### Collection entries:
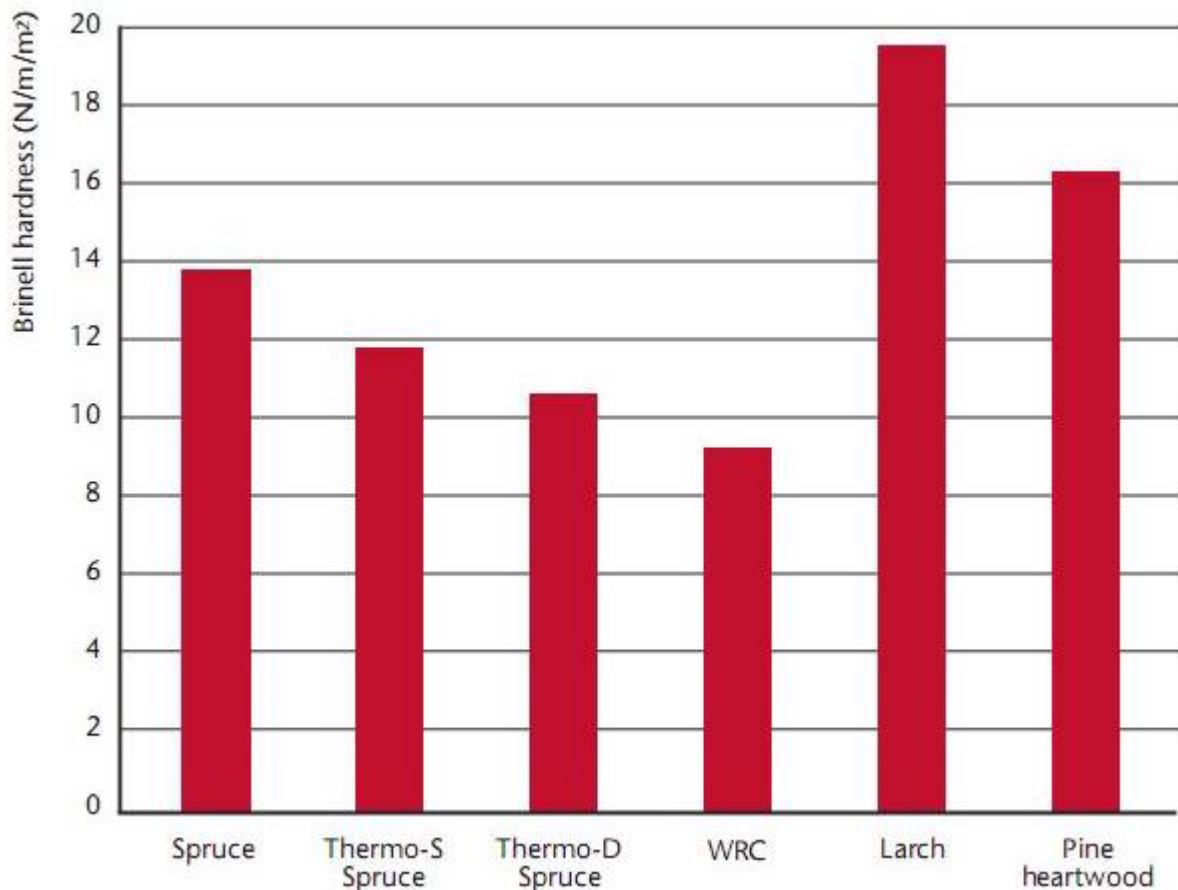

SHP 90x90

Platesnė informacija internete <http://www.lunawood.lt> , <http://www.termomediene.lt> arba telefonu +370 651 60005
Įgaliotas atstovas Lietuvoje UAB NVGroup

7. Termo medienos kietumo ir tvirtumo testų lentelės (anglų kalba)

ThermoWood has been tested using a modified EN 1534 test (Wood and parquet flooring - Determination of resistance to indentation (BRINELL - test method)). An indentation force of 0,5 kN was used instead of 1 kN in the testing for all the tested species. The following chart presents the comparative results of different wood species most commonly used for exterior timber cladding.
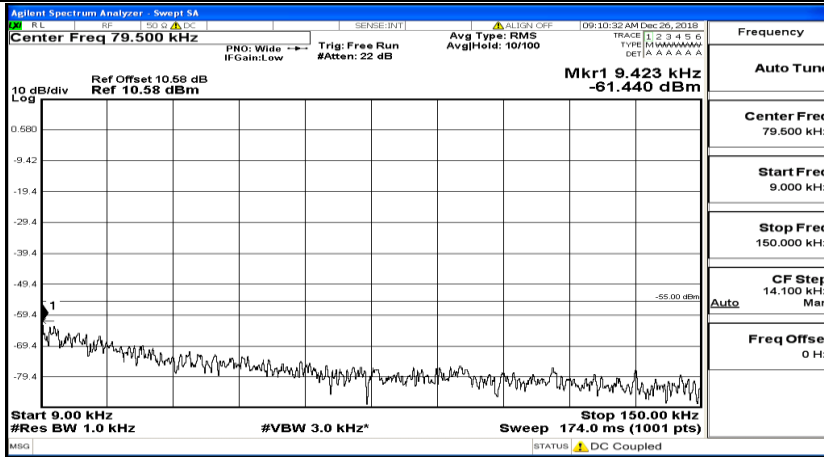

CSE Test Graph(s) (Channel Bandwidth:15 MHz)_MCH_QPSK
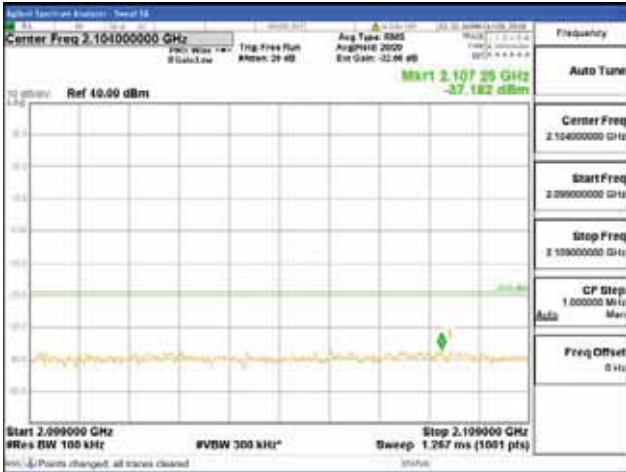

CTK Co., Ltd.
(Ho-dong), 113, Yejik-ro, Cheoin-gu,
Yongin-si, Gyeonggi-do, Korea
Tel: +82-31-339-9970
Fax: +82-31-624-9501

Report No.:
CTK-2018-03329
Page (1131) / (2957)
Pages

2099 MHz - 2109 MHz
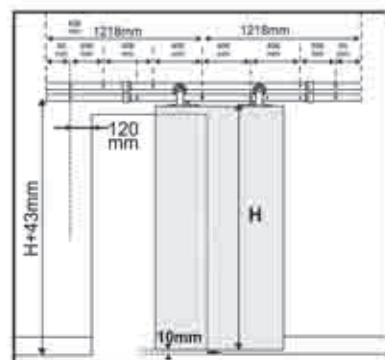

INSTALLATION EUROPE SOLID INDUSTRY STYLE HANGING SLIDING DOOR
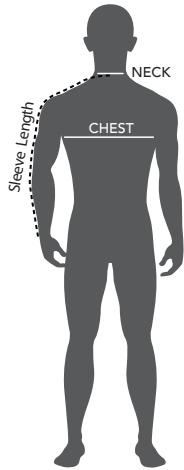

Girl's and Boy's Size Availability

GIRLS SIZE GUIDELINES

	GIRLS LG	GIRLS XL
Size	12	14
Bust/Chest	30"	31.5"

NOTES: To determine the proper size, please follow these simple instructions:

- CHEST/BUST: Measure around the chest at the fullest point of the bust.

BOYS SIZE GUIDELINES

	BOYS LG	BOYS XL
Size	14	16
Chest	31.5"	33"

NOTES: To determine the proper size, please follow these simple instructions:

- CHEST: Measure around the chest at the fullest point at the under arm area.
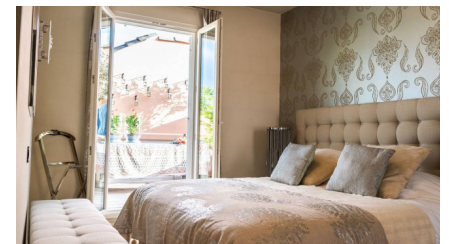

**BORDIGHERA, SEA VIEW PENTHOUSE FOR SALE**

**RIF. 13860 - PRICE: € 450.000 - MQ 110**

Bordighera, a few steps from the sea, we offer for sale a splendid penthouse with sea view, located on the border between Bordighera and Ospedaletti, in one of the most beautiful locations on the Ligurian Riviera. The property is located in an elegant condominium, equipped with concierge service, and enjoys a strategic position, just a few minutes drive from the city center and the beaches. The apartment consists of a spacious living area with open kitchen, ideal for moments of conviviality and relaxation, large terrace with sea view, toilet available to the living area. The sleeping area, on the other hand, offers two welcoming bedrooms, one with an en suite bathroom, a second bathroom, a study and a closet/laundry room. The property includes a garage, a cellar and a covered parking space
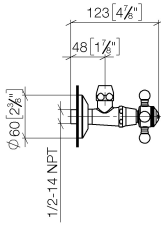

22 900 361

- rosette Ø 60 mm
- porcelain insert HOT

	Brushed Dark Platinum	22 900 361-99
	Chrome	22 900 361-00
	Brushed Platinum	22 900 361-06
	Platinum	22 900 361-08
	Durabass (23kt Gold)	22 900 361-09
	Brushed Durabass (23kt Gold)	22 900 361-28

22 900 361

mm [inches]

Flow rate chart

22 900 361

Product version up to 5/1/2024

**Product version from 5/1/2024**

Parts for other finishes can be found here: [Chrome](#)
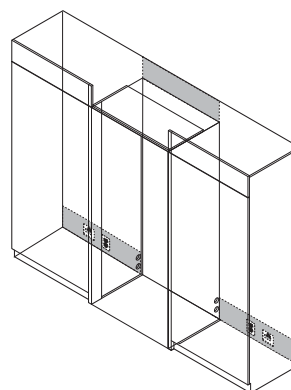

FISHER & PAYKEL

PRELIMINARY SPECIFICATION GUIDE

FREESTANDING FRENCH DOOR REFRIGERATOR, 90CM

PRODUCT SPECIFICATIONS

Model No.	RF610ANUX5, RF610ANUB5, RF540ANUX5
Dimensions	H 1790mm W 900mm D 695mm
Weight	113kg
Electrical	
Supply	220 - 240VAC, 50Hz
Service	1.8-amp circuit
Receptacle	3-prong grounding-type
Plumbing	
Supply	Water Connection Kit: 3.5m tubing
Pressure	Min 150kPa (22psi), max 827kPa (120psi) @ 20°C

ELECTRICAL

Note: Electrical connection should be located in an adjacent cabinet to either side of the fridge or above the fridge cavity. We recommend to use an isolating switch that is easily accessible to the user after the refrigerator is installed.

### The problem:
Out of the records above, pull the lines that include the word "Platinum".

### Result of the exercise:
	Brushed Dark Platinum	22 900 361-99
	Brushed Platinum	22 900 361-06
	Platinum	22 900 361-08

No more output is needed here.